Entry	Acids	Alcohols	Conversion of alcohols (%)
1	Acetic acid	Methanol	99.2
2	Acetic acid	Ethanol	97.8
3	Acetic acid	Cyclohexanol	85.1
4	Formic acid	Isopropanol	90.7
5	Formic acid	1-Pentanol	94.6
6	Formic acid	n-Octanol	93.5

Reaction conditions: catalyst amount 0.2 g, alcohols to acids molar ratio 1 : 6, for 18 h, at 90 °C.

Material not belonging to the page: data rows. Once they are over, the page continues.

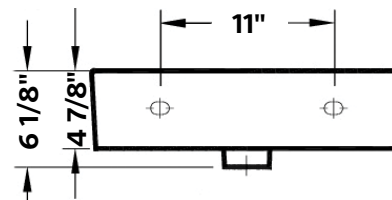

Nuo 2 Console Lavatory

#1295/575 | 19 5/8" x 17 3/8" x 35 7/8" Max

Cheviot Products vitreous china sinks are finely crafted for outstanding beauty and practicality. Fired onto each sink is a fine glaze of powdered glass to ensure a lifetime of durability, ease of cleaning, and resistance to bacteria and other microbes.

Construction
Fireclay

With Overflow Hole

Colours
Gloss White

Console Finishes
Antique Bronze, Matte Black,
Brushed Nickel, Chrome,
Polished Nickel

Note
Rough-in dimensions may vary +/- 1/2" and are subject to change. No responsibility is assumed by Cheviot Products Inc. One Year Limited Warranty against manufacturer's defects.
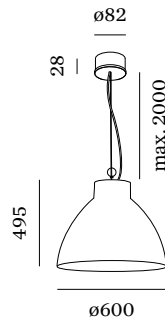

E27

Socket E27

max. 25 W

ELECTRICAL

220 - 240 V

Class 1

Safety distance 0.3 m

PHYSICAL

Diameter 600 mm

Height 495 mm

2.62 kg

Ceiling suspended luminaire made from composite; surface Coral Red + Signal White wet painted; matt texture; inclusive red adjustable cable suspension max. 2000mm; lamp socket E27; lamp type A60 or G95; max. 25W; 220 - 240 V; degree of protection IP20; PC1;

WEVER & DUCRÉ
LIGHTING

BISHOP 6.0

2186E0R0

LAMPS

G95 LED Lamp

TYPE	Ø · H (MM)	ORDERCODE
2200K E27	ø95 · 135	9 0 0 3 E 1 1 1
2700K E27	ø95 · 138	9 0 0 3 E 1 5 4

G125 LED Lamp

TYPE	Ø · H (MM)	ORDERCODE
2200K E27	ø125 · 165	9 0 0 3 E 1 1 2
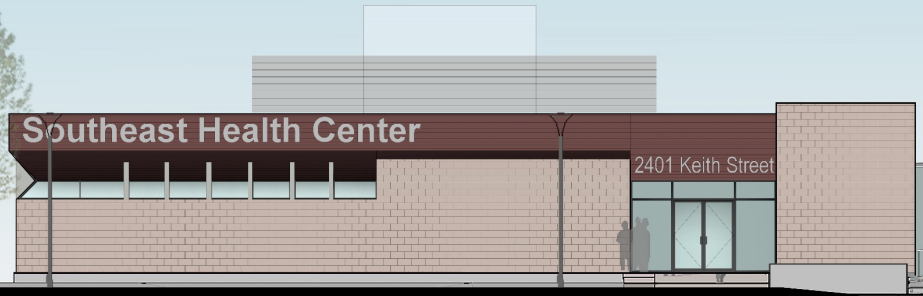

WEST ELEVATION – KEITH STREET

NORTH ELEVATION ARMSTRONG AVENUE

**PARTIAL
RECLADDING
OPTION 1:**

REPLACE WOOD SIDING SYSTEM
WITH FAUX WOOD METAL PANEL
OR WOOD

REPLACE WOOD SIDING WITH NEW FAUX-WOOD
MATERIAL OR WOOD AND RESTORE ENTRY FACIA

NEW SIGNAGE IN ORIGINAL LOCATION

EXISTING CLINIC

WEST ELEVATION – KEITH STREET

NEW TREES

NORTH ELEVATION ARMSTRONG AVENUE

**PARTIAL
RECLADDING
OPTION 2:**

REPLACE WOOD SIDING SYSTEM
WITH EQUITONE PANELS TO
MATCH ADJACENT SEHC PHASE 2

Contingent on Historic Evaluation Report

REPLACE WOOD SIDING WITH EQUITONE
PANELS TO MATCH EXISTING CLINIC

NEW SIGNAGE IN ORIGINAL LOCATION

EXISTING CLINIC

WEST ELEVATION – KEITH STREET

**PARTIAL
RECLADDING
OPTION 2:**
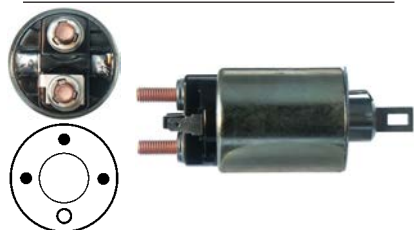

133053 Solenoid

Replacing: md607412, m371x59671, m371x36271

Servicing: M1T50172, m2t51281, m2t51282, M2T52281, M2T53081, M2T53082, M2T53085, M2T61871, M2T61871A, M2T61871B, M3T29681

12 V, OD 51.20, Coil bolt M8, No./ terminals 3

Cap: Cargo 133273.
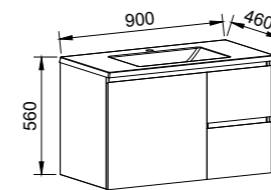

CARLO 900mm

Wall Hung

CABINET WITH	SKU	RRP
Regal Mineral Composite Top	CAR-V-900-C-REG-W	$1,926
Alpha Ceramic Top	CAR-V-900-C-APH-W	$1,926
Haven Matt Dolomite Top	CAR-V-900-C-HVN-W	$1,926
Grand Mineral Composite Top	CAR-V-900-C-GND-W	$2,158
No Top	CAR-VCO-900-C-X-W	$1,410

Floor Standing
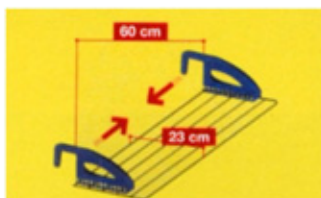

Epotherm

Collection

Plastic coated Laundry driers

ESTENDAL CLICK 3 MT

Ref: 40.58.10.....

ESTENDAL BREVA 25 MT

Ref: 40.58.25.....

GARRAFEIRA CHIANTI 30 UNIDADES
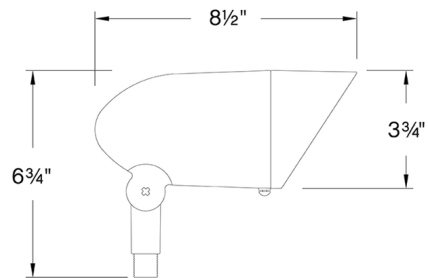

Shown in bronze / clear

Specifications

COLOR	Clear
BODY FINISH	Bronze
WATTAGE	8W
DIMMER	Standard 120V
DIMENSIONS	8.5"W x 6.75"H x 3.75"D
BULB NOT INCLUDED	1 x PAR16/Medium (E26)/8W/120V LED
COUNTRY OF ORIGIN	China
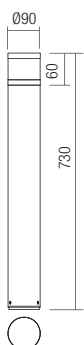

90053 ■ DG

LED type	Input voltage	Power	Luminous Flux Source/system	CCT	CRI
PHILIPS SMD LED 2835, 16 pcs.	220-240V	7W	894/503 lm	● 3000K	80

Dimension

Photometry

BOLLARD • STÄLPIŞOR

Type Code Finishing

90055 ■ DG

LED type	Input voltage	Power	Luminous Flux Source/system	CCT	CRI
PHILIPS SMD LED 2835, 16 pcs.	220-240V	7W	894/503 lm	● 3000K	80

Dimension

Photometry

BOLLARD • STÄLPIŞOR

Type Code Finishing

90057 ■ DG

LED type	Input voltage	Power	Luminous Flux Source/system	CCT	CRI
PHILIPS SMD LED 3014, 48 pcs.	220-240V	7W	947/498 lm	● 3000K	80

LED type	Input voltage	Power	Luminous Flux Source/system	CCT	CRI
PHILIPS SMD LED 2835, 18 pcs.	220-240V	10W	1115/653 lm	3000-6000K	80

Dimension

Photometry

BOLLARD • STĂLPIȘOR

Type Code Finishing

90056 ■ DG

Reusability of the catalyst

The reusability of a catalyst is prime important, consequently the reusability of UiO-67–CF3SO3 was investigated, the esterification reaction was repeated several times under the optimized experimental conditions, the results were shown in Fig. 10. After each reaction, the catalyst was separated from the reaction mixture by using simple centrifugation (8000 rpm for 10 min), washed with anhydrous dichloromethane and dried under vacuum overnight at 80 °C, then reused in the next run. The conversion of isooctyl alcohol decreased from 98.6% to 95.9% and the yield of isooctyl acetate decreased from 92.9% to 87.1%. These results indicated high reusability of the UiO-67–CF3SO3 catalyst. The decrease in conversion and yield for the UiO-67–CF3SO3 catalyst might be attributed to the blockage of MOFs channels and partially decomposition of catalyst which could be also observed in Fig. S5(a)† of the recovered catalyst, however, the size still maintained around 1.2 μm (Fig. S5(b)†). Next, the leaching of the active species of UiO-67–CF3SO3 was investigated. After the reaction, the solid catalyst was separated from the reaction mixture, the liquid phase was diluted and then tested by ICP-OES, the result showed that almost no S content was detected. According to these results, it could be confirmed the active species were effectively introduced into UiO-67–bpy and UiO-67–CF3SO3 possessed excellent catalytic activity.

Fig. 10

Catalyst reusability of UiO-67–CF3SO3. Reaction conditions: catalyst amount 0.2 g, isooctyl alcohol to acetic acid molar ratio 1 : 6, for 18 h, at 90 °C.

Conclusion

Brønsted acids (H2SO4, CF3SO3H and hifpOSO3H) were introduced into the frameworks of UiO-67–bpy effectively by a facile PSM strategy for the synthesis of acidic ionic liquid based UiO-67 type MOF. The relative high surface area for all prepared catalysts were maintained and acidic active groups were dispersed in the frameworks uniformly. The prepared catalysts showed better catalytic activities in the esterification of acetic acid with isooctyl alcohol and UiO-67–CF3SO3 catalyst showed best catalytic performance. Under optimized conditions, catalyst amount 0.2 g, isooctyl alcohol to acetic acid molar ratio 1 : 6, for 18 h, at 90 °C, the UiO-67–CF3SO3 catalyst could give maximum isooctyl alcohol conversion 98.6% and isooctyl acetate yield 92.9%. The UiO-67–CF3SO3 catalyst could be reused five times with no obvious reduction in catalytic performance and no obvious leaching was detected, which indicated the excellent stability and reusability of UiO-67–CF3SO3.

Conflicts of interest

There are no conflicts of interest to declare.